Young boys run on energy, not smarts. They are fully capable of performing the duties of an army but are minus the insight to know where to march and when to struggle.

Pal paced around the tiny campsite. He flailed his hands in the air, enraged with everything he saw. “Somebody is gonna know we don’t got nothing!” he screamed.

Iz sat quietly, stilled by the circumstances, in what seemed to be a mountain of resolution, but most probably was just a crumbling hillside of destruction.

Karin stood stunned, staring at the two boys, trying to decide what her duty was going to have to be in this youthful fiasco. She needed to be decisive, yet she didn’t trust her own take on the events.
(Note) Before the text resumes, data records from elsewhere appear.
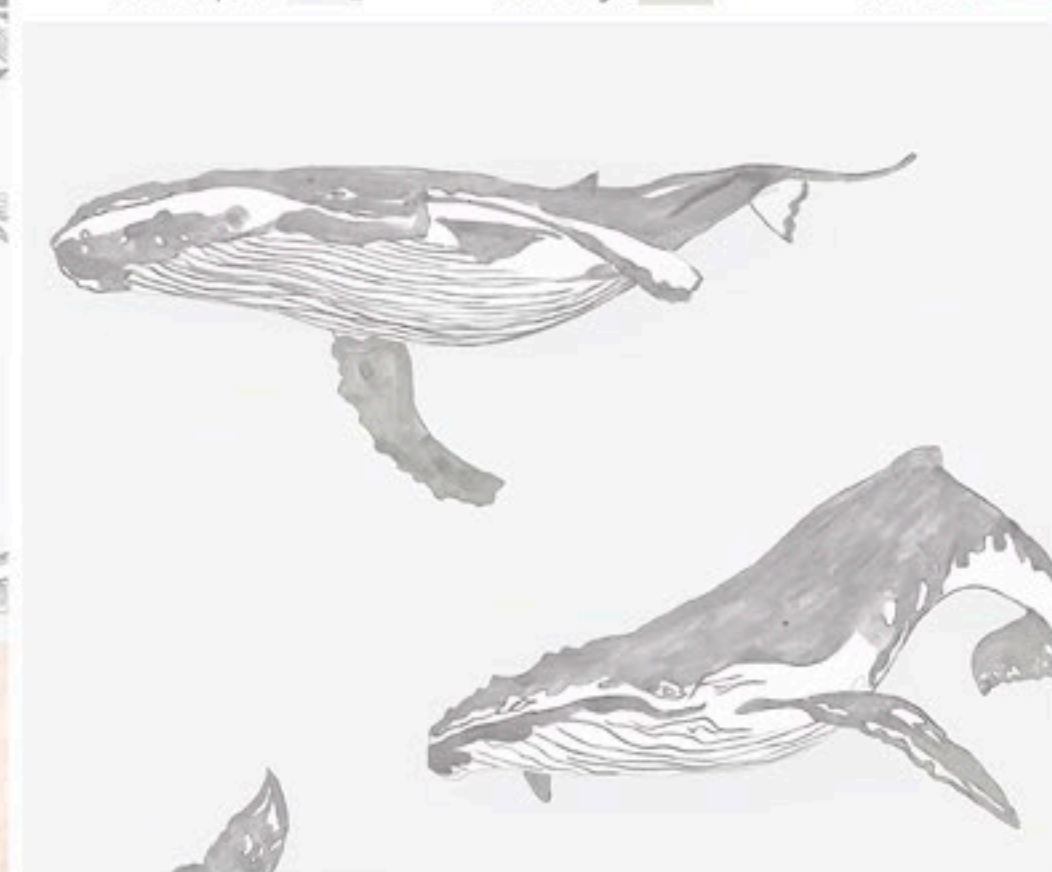

**OCEANY**  
Color Beige

**OCEANY**  
Color Blue

OCEANY Color Beige

OCEANY Color Blue

OCEANY Color GRAPHITE

wallpaper  
design&prints

[www.karaventura.com](http://www.karaventura.com)

Tel: 957684616 / 691671402  
infokaraventura@gmail.com  
Calle Rabadanes, 5 14540  
La Rambla (Córdoba) España
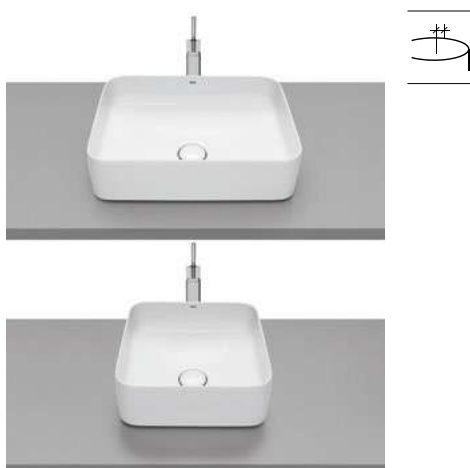

Lavatório Square em Fineceramic® sobre a bancada. Não inclui torneira. Inclui válvula de descarga universal e tampa cerâmica de 72 ø mm.

A327530000 500 mm 425,00 €
Branco brilho

A327530..0 500 mm 533,00 €
Acabamentos mate

A327532000 370 mm 364,00 €
Branco brilho

A327532..0 370 mm 450,00 €
Acabamentos mate

Acabamentos:

She realized that she should try to talk the boys into going home.  But then she considered Iz. What causes a twelve-year-old boy to contemplate death? Could any of that responsibility be laid at the doorstep of his family?

Then propriety chased down her musings. They certainly needed to go to their parents. These boys did not belong in the desert. If she left them there, the soldier might return with his buddies, to drive them back into town in disgrace, or even for punishment.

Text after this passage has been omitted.